Continuous Improvement and Operational Maturity
Contributes to the ongoing maturity of the Technology Operations Center by identifying and implementing improvements in operational processes, tooling, visibility, and service assurance practices. Supports the development of runbooks, standards, and response procedures, and uses operational data and trends to recommend opportunities for automation, standardization, and stronger preventive controls. Works within established service management and SIAM aligned practices to improve coordination across internal teams and service providers, while helping advance a more proactive, insight driven, and resilient operations model.
Incident Response Process Contribution
Serves as a senior stakeholder in the ongoing development and improvement of incident response practices, standards, and supporting procedures by providing operational insight and practical recommendations based on real world experience. Helps shape how incident prioritization, escalation, communications, and restoration processes are refined over time, while reinforcing adherence to established practices across service providers and internal teams. Supports governance and operational reviews by identifying execution gaps, highlighting response trends, and recommending improvements that strengthen consistency, discipline, and overall response effectiveness.
Required Qualifications
- Bachelor’s degree required in Information Technology, Computer Science, Engineering, Information Systems, or a related technical discipline.

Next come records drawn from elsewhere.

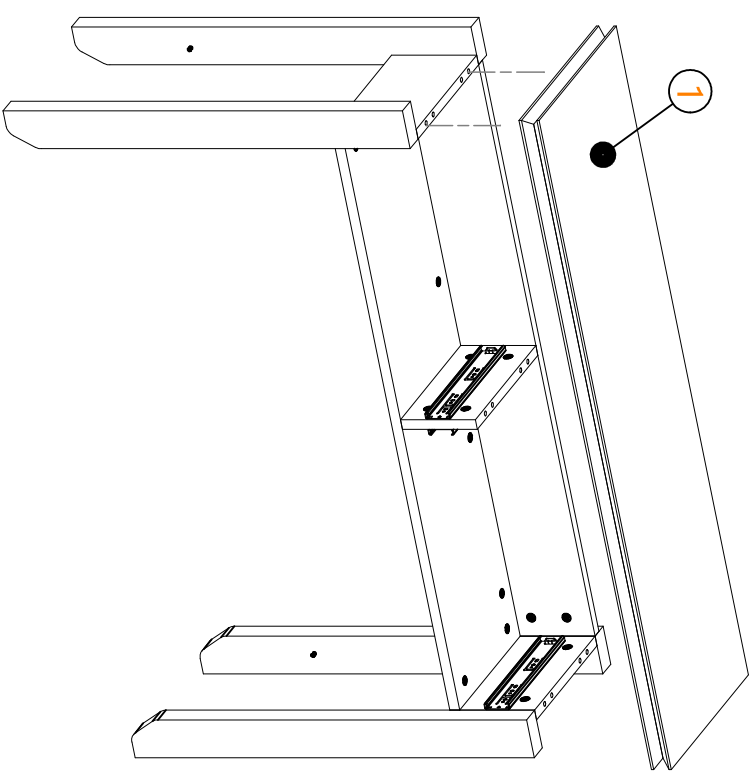

LBR01DR723

HH Tepe Home®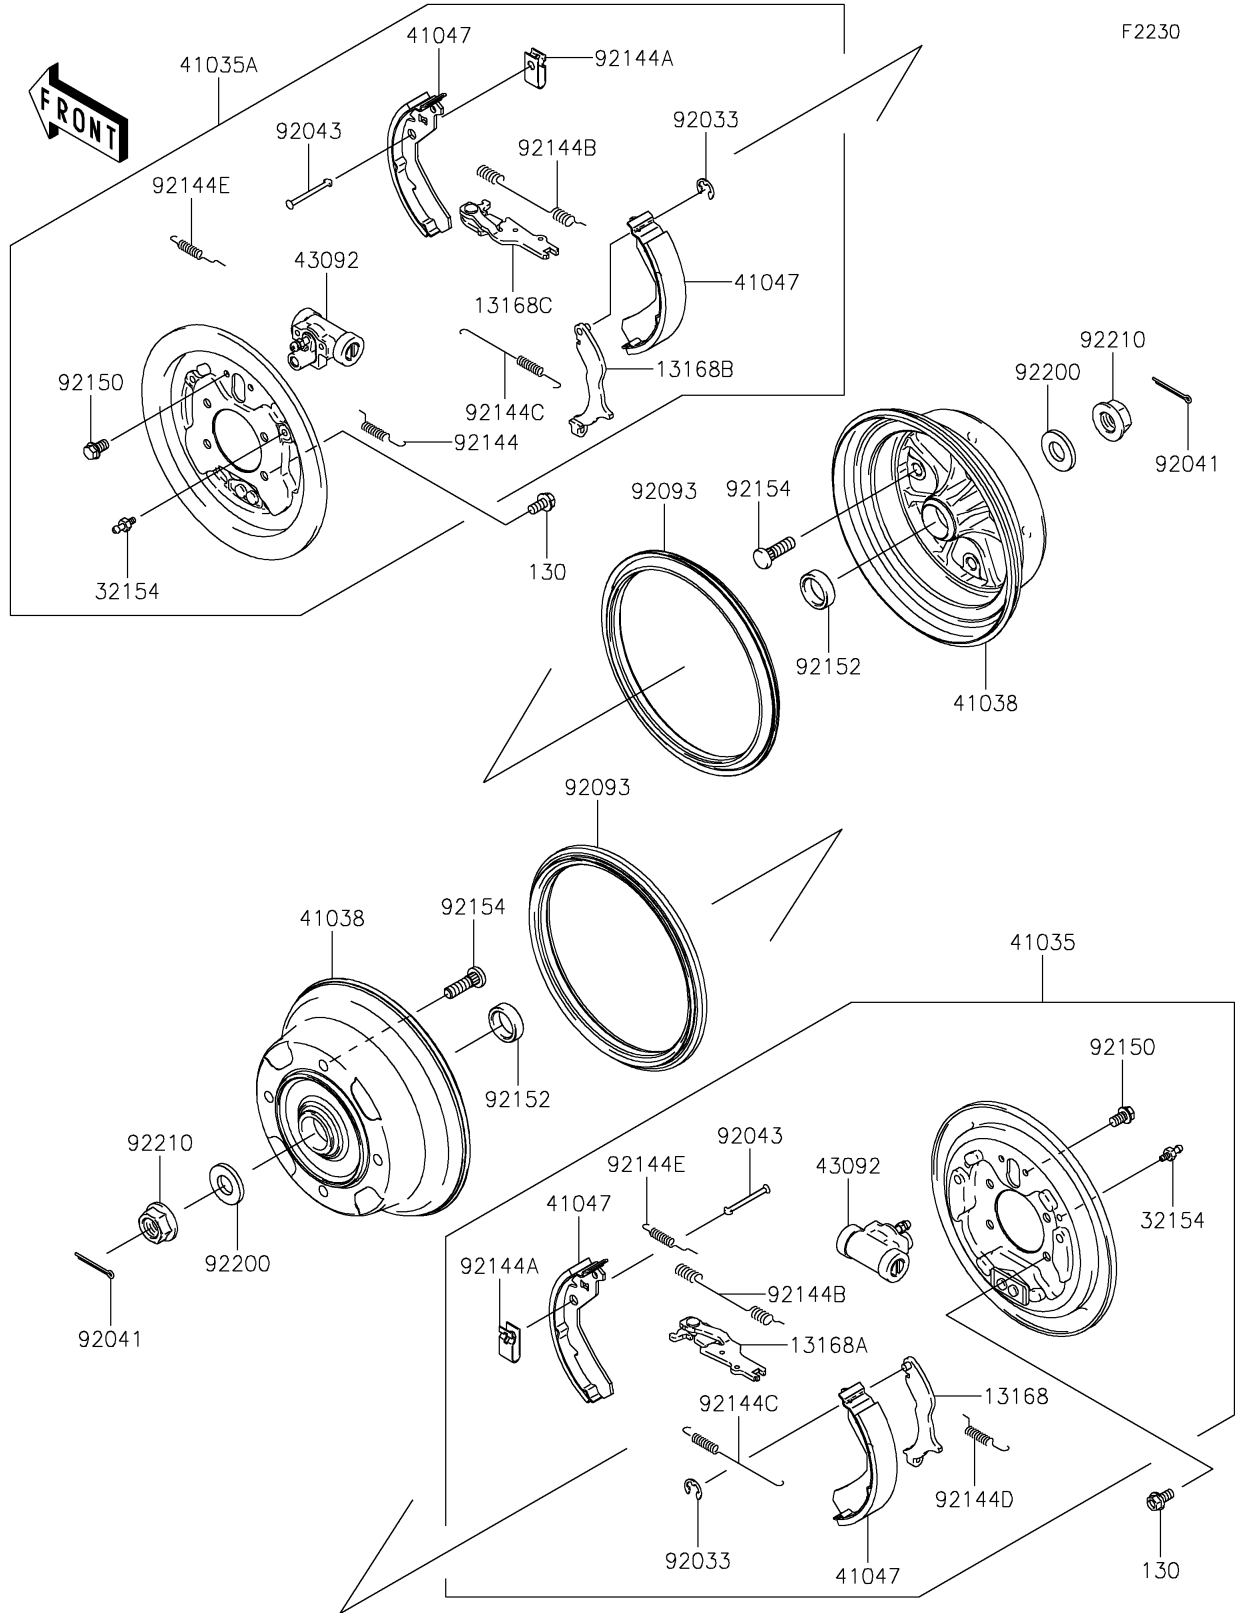

2022 MULE SX™ 4x4 XC FI PARTS DIAGRAM

Front Hubs/Brakes

2022 MULE SX™ 4x4 XC FI PARTS LIST

Front Hubs/Brakes

ITEM NAME	PART NUMBER	QUANTITY
-----------	-------------	----------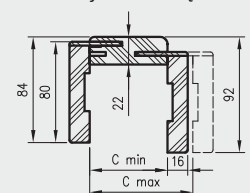

TUNEL REGULOWANY

Z KĄTOWNIKIEM T63, T80

Tunel regulowany to ozdobna zabudowa przejścia w murze. Może być stosowany jako samodzielne rozwiązanie lub jako integralna część systemu przesuwnej naściennych NT.

Tunel regulowany jest produktem wizualnie zbliżonym do ościeżnicy regulowanej, z kilkoma różnicami:

- » brak możliwości zamontowania zawiasów
- » brak blachy zaczepowej
- » brak frezowania pod uszczelkę różna wysokość i rozpiętość kątowników przednich i tylnych (wartość E i F w tabelach)

Przekrój TUN z ką. T80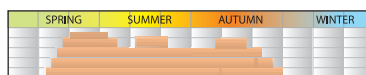

Paesaggistiche coprisuolo **MEILAND**

Landscape ground cover - Strauch

72	2-51
010	2-51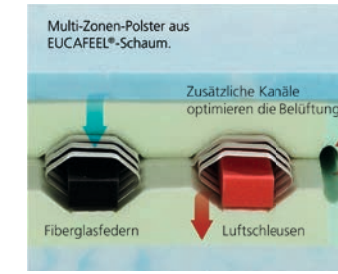

DORMABELL INNOVA AIR F 18 – Bezug Clean
Matratzenkern aus 5 metallfreien, dynamisch wirkenden Hightech-Fiberglasfedern für perfekte Druckentlastung und hohe Stützkraft. Eingebettet in EUCAFEEL®-Spezielschaum wird eine außerordentliche aktive Klimaregulierung erreicht. Besonders leicht sowie einfach dreh- und wendbar.
Preisbeispiel:
90 / 100 x 200 cm, medium **1.149,-**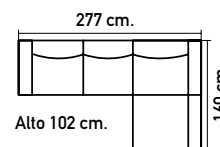

J 973 / Sofá chaise longue ELÉCTRICO. Tapizado en Magnolia 4 taupe.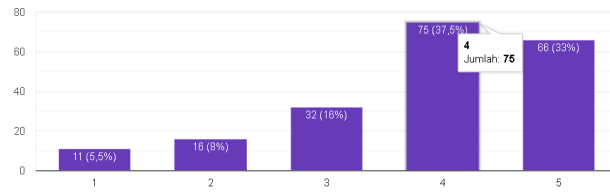

Saya merasa puas dengan keakuratan output dari aplikasi Resso.

Salin

200 jawaban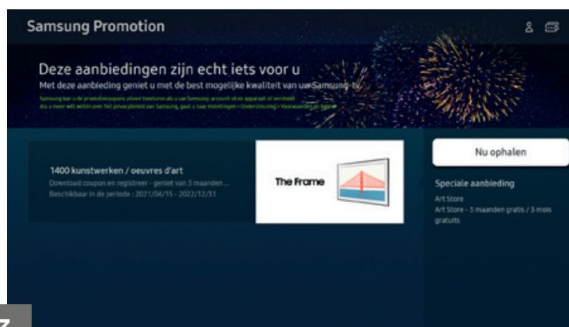

Om de Art Store toegang te activeren doorloop je de volgende stappen:

1. Ga naar het Smart TV overzicht en open "Apps".
Klik en installeer de "Samsung Promotion app".

2. Open de 'Samsung promotie' app.

3. Selecteer de Art Store promotie en klik op "nu ophalen".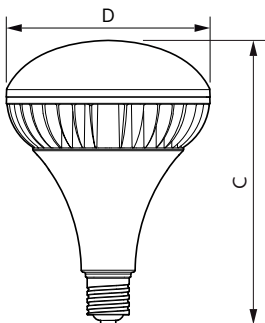

Advertencias y seguridad

Plano de dimensiones

High Bay 50W-5000lm 60D 6500K E40 ND

Product	D	C
TrueForce HB 100-85W E40 840 120D LA	190 mm	270 mm

Datos fotométricos

250W E40 Others FR 120D 840 4000K

250W E40 Others FR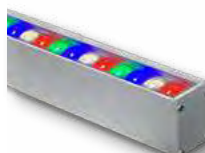

Cabrio Recessed Cabrio Recessed RGBW

CABRIO

Struttura interamente in alluminio estruso finitura anodizzata ad elevata resistenza all'ossidazione. Diffusore in vetro temperato spessore 6 mm, satinato per luce diffusa o trasparente con lenti. Viti a brugola in acciaio INOX A4. Apparecchio precablato con cavo in neoprene, guarnizioni in silicone ricotto. Tono luce bianco 4000K o 3000K, Potenze da 12.5W /605mm a 28x1.2W/1205mm. Alimentatore elettronico incluso.

The structure is made of extruded aluminum, anodized finishing with high resistance against corrosion, tempered glass diffuser 6mm thick, frosted for diffuse light or transparent with lenses. Screws in stainless steel A4, prewired with Neoprene Cable, Silicon Gaskets. 4000K or 3000K LED white tone, from 12.5W /605mm to 28x1.2W/1205mm power. Electronic driver included.

CABRIO RGBW

Struttura interamente in alluminio estruso finitura anodizzata ad elevata resistenza all'ossidazione. diffusore in vetro temperato spessore 6 mm, satinato per luce diffusa o trasparente con lenti. Viti a brugola in acciaio INOX A4. Apparecchio precablato con cavo in neoprene, guarnizioni in silicone ricotto. Tono luce RGBW. Potenze da 24x1.2W /615mm a 48x1.2W/1215mm. Alimentatore elettronico incluso.

The structure is made of extruded aluminum, anodized finishing with high resistance against corrosion, tempered glass diffuser 6mm thick, frosted for diffuse light or transparent with lenses. Screws in stainless steel A4, prewired with Neoprene Cable, Silicon Gaskets. RGBW tone, from 24x1.2W /615mm to 48x1.2W/1215mm power. Electronic driver included.

- Advanced degree in a related field preferred.
- Minimum 10-12 years of experience
- Relevant certifications in IT service management, cloud, reliability engineering, or operational disciplines are preferred, such as ITIL, SRE, or major platform certifications.
- Deep experience administering and optimizing tools related to application performance monitoring, systems monitoring, event aggregation, alerting, dashboards, and reporting
- Significant experience leading coordinated response during incidents, service degradations, and major operational events
- Experience working across internal support teams and third party service providers to drive accountability, process adherence, and timely service restoration
- Strong working knowledge of incident management, event management, service assurance, and service management practices
- Experience identifying operational trends and using data to drive improvements in resilience, service quality, and response effectiveness
- Experience operating within ITIL, SIAM, or similarly structured service management environments preferred
- Strong operational judgment and ability to remain effective and decisive in high pressure situations
- Strong analytical and problem solving skills, with the ability to interpret events, assess business impact, identify patterns, and recommend practical improvements
- Demonstrated ability to lead through influence and drive action across technical teams and service providers without direct authority
- Strong verbal and written communication skills, with the ability to provide clear direction during incidents and translate technical situations into business relevant terms
- Strong technical aptitude across observability, monitoring, event correlation, dashboarding, and operational reporting
- Ability to improve signal quality by reducing noise, refining thresholds, and increasing the value of alerts and event data
- Strong organizational skills, attention to detail, and ability to manage multiple priorities in a fast moving operational environment
- Ability to work collaboratively across infrastructure, cloud, application, service management, and supplier teams
- Ability to identify broader operational risks and recommend improvements that strengthen enterprise wide service resilience
#LI-NP2
|